## SUPPLIED RECORDS
____

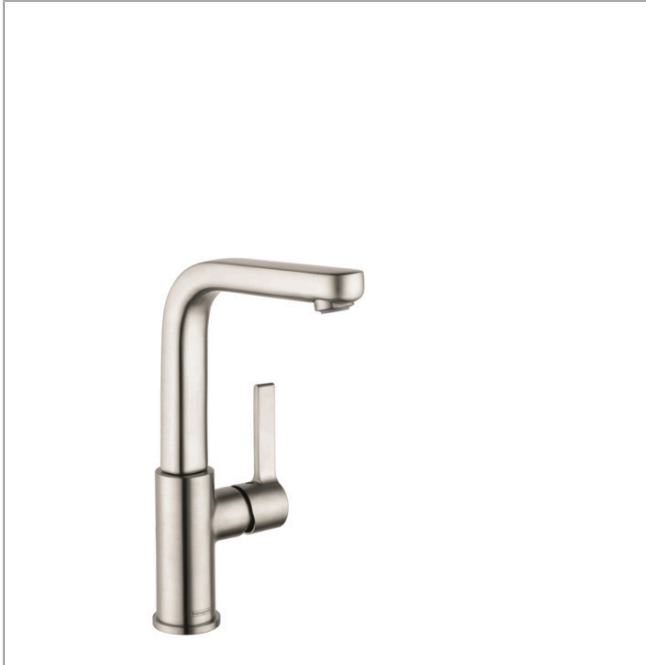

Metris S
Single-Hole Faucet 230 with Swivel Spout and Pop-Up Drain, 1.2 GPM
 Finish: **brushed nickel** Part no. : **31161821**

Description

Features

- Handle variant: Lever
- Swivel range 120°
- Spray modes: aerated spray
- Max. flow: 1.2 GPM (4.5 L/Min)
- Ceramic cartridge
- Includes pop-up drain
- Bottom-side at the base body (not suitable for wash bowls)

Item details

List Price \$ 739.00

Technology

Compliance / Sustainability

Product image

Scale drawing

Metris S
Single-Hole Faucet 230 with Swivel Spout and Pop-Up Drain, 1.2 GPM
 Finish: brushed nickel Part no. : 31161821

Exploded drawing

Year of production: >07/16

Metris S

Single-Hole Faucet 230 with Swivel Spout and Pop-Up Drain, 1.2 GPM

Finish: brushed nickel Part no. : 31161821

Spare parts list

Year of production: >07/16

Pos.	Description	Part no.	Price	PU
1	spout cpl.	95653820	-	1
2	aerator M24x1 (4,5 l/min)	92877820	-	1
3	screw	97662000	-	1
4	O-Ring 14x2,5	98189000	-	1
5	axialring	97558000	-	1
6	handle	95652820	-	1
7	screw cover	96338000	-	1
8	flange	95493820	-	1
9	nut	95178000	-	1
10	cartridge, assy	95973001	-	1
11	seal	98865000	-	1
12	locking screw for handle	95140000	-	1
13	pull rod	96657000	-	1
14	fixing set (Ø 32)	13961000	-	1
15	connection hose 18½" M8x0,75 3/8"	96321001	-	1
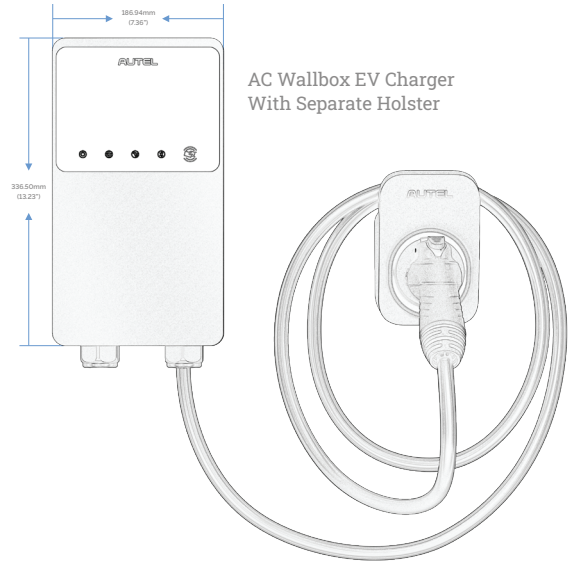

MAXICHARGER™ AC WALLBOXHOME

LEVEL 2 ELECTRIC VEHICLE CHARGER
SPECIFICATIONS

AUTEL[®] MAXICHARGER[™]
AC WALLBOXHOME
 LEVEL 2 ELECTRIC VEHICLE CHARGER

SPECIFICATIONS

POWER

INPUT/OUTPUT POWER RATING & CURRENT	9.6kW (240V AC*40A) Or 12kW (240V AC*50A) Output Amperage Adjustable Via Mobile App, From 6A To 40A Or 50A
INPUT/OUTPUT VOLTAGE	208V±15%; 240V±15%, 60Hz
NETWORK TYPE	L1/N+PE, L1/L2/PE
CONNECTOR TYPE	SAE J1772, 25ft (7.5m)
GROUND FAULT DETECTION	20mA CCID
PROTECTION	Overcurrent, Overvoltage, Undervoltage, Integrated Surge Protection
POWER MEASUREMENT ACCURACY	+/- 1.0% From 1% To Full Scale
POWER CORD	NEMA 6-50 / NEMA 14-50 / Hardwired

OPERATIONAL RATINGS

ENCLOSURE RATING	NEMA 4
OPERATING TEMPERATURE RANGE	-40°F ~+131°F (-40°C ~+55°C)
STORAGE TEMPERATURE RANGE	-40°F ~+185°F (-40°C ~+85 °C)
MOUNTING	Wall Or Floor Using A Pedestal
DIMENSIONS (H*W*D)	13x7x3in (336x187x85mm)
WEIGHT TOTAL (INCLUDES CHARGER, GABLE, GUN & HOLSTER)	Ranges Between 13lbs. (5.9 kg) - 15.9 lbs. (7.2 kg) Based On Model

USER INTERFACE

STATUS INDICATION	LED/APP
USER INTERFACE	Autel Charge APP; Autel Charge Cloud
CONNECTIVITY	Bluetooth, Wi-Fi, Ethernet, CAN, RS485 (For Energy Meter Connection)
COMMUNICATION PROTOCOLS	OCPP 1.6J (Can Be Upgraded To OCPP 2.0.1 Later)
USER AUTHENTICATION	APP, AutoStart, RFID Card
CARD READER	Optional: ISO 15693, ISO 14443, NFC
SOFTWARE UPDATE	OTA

____

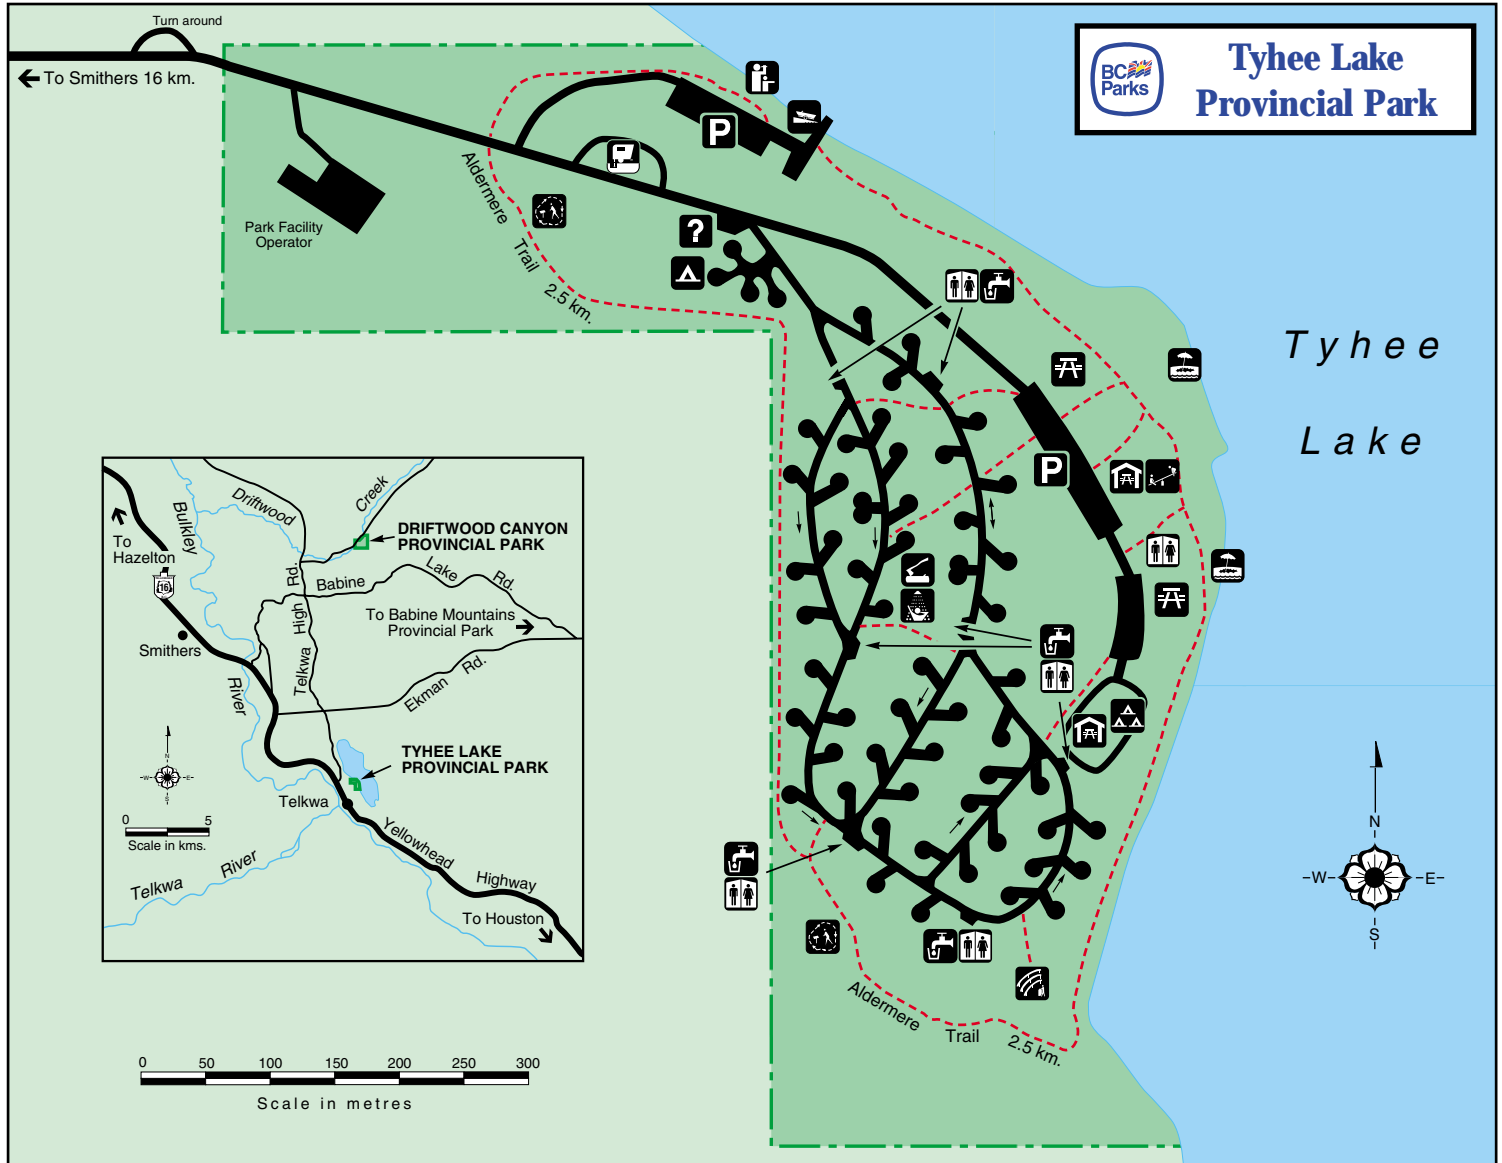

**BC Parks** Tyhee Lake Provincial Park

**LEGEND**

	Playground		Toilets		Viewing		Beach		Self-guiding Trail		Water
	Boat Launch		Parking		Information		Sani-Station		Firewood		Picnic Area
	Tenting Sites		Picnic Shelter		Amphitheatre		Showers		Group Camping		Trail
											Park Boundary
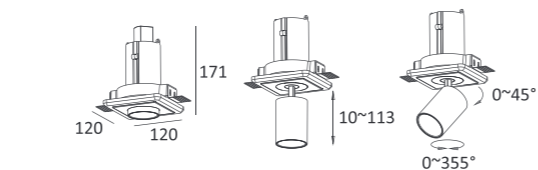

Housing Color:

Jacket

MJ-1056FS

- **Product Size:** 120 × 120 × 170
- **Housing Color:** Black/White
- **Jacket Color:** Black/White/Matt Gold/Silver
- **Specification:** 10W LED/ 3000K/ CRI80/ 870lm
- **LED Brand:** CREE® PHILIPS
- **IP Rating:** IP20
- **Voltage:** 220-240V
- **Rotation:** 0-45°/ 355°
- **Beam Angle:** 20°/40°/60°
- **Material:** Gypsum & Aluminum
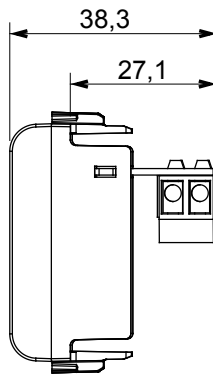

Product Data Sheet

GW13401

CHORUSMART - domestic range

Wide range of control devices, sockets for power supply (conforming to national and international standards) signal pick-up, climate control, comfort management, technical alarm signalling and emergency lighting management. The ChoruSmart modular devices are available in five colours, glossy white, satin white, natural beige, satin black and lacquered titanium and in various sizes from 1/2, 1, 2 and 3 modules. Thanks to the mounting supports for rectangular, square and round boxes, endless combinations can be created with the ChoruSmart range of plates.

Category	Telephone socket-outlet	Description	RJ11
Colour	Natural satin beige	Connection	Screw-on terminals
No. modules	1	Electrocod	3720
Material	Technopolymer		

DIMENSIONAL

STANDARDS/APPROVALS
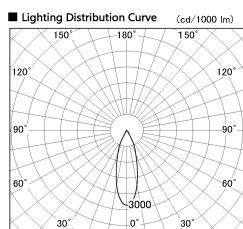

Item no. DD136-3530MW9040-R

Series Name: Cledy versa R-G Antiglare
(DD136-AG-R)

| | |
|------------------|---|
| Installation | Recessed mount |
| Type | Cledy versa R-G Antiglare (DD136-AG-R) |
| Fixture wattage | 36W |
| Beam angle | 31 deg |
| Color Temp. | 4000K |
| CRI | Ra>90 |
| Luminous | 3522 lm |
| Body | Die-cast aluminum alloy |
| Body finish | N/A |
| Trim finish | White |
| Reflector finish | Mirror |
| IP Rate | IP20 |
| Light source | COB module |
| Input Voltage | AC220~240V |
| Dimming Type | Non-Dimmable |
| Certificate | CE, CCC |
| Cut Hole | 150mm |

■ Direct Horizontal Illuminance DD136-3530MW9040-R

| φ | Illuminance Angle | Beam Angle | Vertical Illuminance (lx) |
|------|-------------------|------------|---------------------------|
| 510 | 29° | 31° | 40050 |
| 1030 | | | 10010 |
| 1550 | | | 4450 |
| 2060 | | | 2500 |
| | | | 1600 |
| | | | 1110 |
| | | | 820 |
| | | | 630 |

____

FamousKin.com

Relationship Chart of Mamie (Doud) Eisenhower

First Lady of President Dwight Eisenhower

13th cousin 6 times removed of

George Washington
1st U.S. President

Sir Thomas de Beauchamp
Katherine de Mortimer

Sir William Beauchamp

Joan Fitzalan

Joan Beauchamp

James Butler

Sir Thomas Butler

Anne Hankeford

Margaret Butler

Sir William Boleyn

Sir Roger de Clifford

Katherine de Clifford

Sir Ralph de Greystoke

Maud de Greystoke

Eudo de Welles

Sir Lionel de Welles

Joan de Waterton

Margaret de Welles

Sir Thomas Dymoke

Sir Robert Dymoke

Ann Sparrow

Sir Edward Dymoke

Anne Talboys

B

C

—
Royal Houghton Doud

____

## WHAT TO WORK ON
Say how many lines in the data hold the string "Eisenhower", and write nothing else.

## EXPECTED ANSWER
2